Because of the arrangement of the delivery rolls 335-337, in relation to the path of travel of the fabric 327 and the take-up roll 340, changes in fabric tension, which occur during the knitting process, also result in the application of tension to the delivery rolls 335-337 in a direction substantially transverse to their axes of rotation, i.e., shaft 339 in the case of roll 335. Typically this direction is generally in the same direction as the direction of fabric travel between the knitting cylinder and the delivery rolls, or substantially vertically upward in the apparatus shown in the drawings. In turn, this tension can cause the delivery rolls to move in the same direction, i.e., in the case of the delivery roll 335, in a direction substantially transverse (may also be slightly oblique) to its axis of rotation 339, that is vertically upward.
However, it has also been determined that during the operation of the take-up mechanism, other factors which do not result directly from changing fabric tension, can also cause the application of tension to the delivery rolls and/or cause movement thereof. In general, those factors result in changing tension and/or roll movement in a second direction, also substantially transverse to its axis of rotation, that is different than the primary or first direction of tension and/or roll movement which results directly from changes in fabric tension. The first direction of tension and/or roll movement is normally parallel to the path of the fabric 327 as it enters into the delivery rolls 335 and 337, i.e., vertically upwardly in the case of the apparatus shown in the drawings. The second or different direction of tension can be in any of various directions which are generally perpendicular or oblique with respect to the path of the fabric as described immediately above.

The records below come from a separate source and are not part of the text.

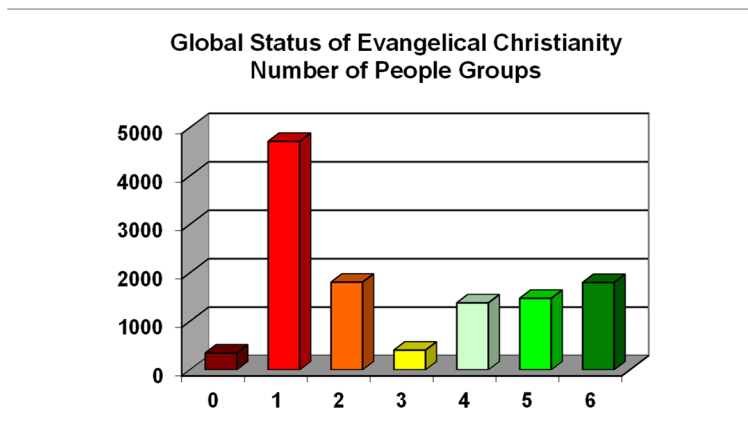

GLOBAL STATUS EVANGELICAL CHRISTIANITY - JUNE 2022

People Groups

Status Level	People		Population	
0	376	3.1%	11,776,648	0.1%
1	4773	39.8%	1,030,798,845	13.0%
2	1788	14.9%	2,013,360,850	25.3%
3	424	3.5%	1,655,449,900	20.8%
4	1416	11.8%	857,986,100	10.8%
5	1433	11.9%	1,807,587,225	22.7%
6	1785	14.9%	572,725,200	7.2%
Global Totals	11,995	100.0%	7,949,684,768	100.0%

For example, it has been found in practice, that in a system which allows the delivery rolls 336 and 337 to move laterally, either away from or toward the delivery roll 335, substantial lateral tension can be applied to the delivery rolls as a result of such movement. In turn the subject invention provides for the sensing of transverse movement and or tension changes of at least one delivery roll, preferably delivery roll 335, in the first or vertical direction in order to more accurately reflect changes in the fabric tension. Advantageously, this is accomplished by employing a sensing mechanism that senses the transverse movement of the delivery roll 335 in the first or vertical direction, while also substantially ignoring the effect of movement and tension changes on the delivery roll 335 in the second or lateral direction. Thus the present invention can substantially improve circular knitting because it is vertical movement which, when adjusted through increasing or decreasing the rotation of the delivery rolls 335, 336, and 337, and possibly take-up roll 340, allows tension in the fabric, as reflected in the delivery roll 335, to remain substantially constant, thereby avoiding undesirable damage to the fabric and possibly the needles within the needle cylinder 326.
As best seen in Figure 2, the three delivery rolls are connected by a pair of tension springs 307 which bias the delivery rolls 336 and 337 against the center delivery roll 335. The springs are connected to the pivotal mounting members 301 and 302 by horizontally mounted studs 305 and 306, respectively. The delivery rolls 335, 336 and 337 are able to move laterally away from each other, against the force of the springs 307 as a result of various lateral forces applied thereto during operation. Such lateral forces may result from a change in fabric tension, changes in the speed of the variable speed motor 360, differences in the relative speed of the delivery rolls, etc. As indicated previously the subject invention provides an arrangement where increased lateral tension, no matter the cause, as reflected in the delivery roll 335, will result in substantially no, or only minimal adjustment of the speed of fabric take-up. As discussed below, in one embodiment of the invention, the sensor mechanism is adapted to minimizes the possibility that such lateral movements of the delivery rolls will interfere with accurate measurement of changes in fabric tension.
Referring again to Figure 2-5 and 8-10, the delivery roll 335 is journaled for rotation at its opposite ends on a first bracket 397 which is fixedly mounted on side frame members 332 by bolts 352 and 353 at one end thereof. The first bracket 397 has a generally rectangular configuration which is positioned between the pivotal mounting members 301,302 and the side frame members 332. The upper surface of the first bracket defines a pair of openings 403 adapted to receive the pair of second fasteners 402. The first bracket also defines an aperture 405 for receiving the delivery roll 335.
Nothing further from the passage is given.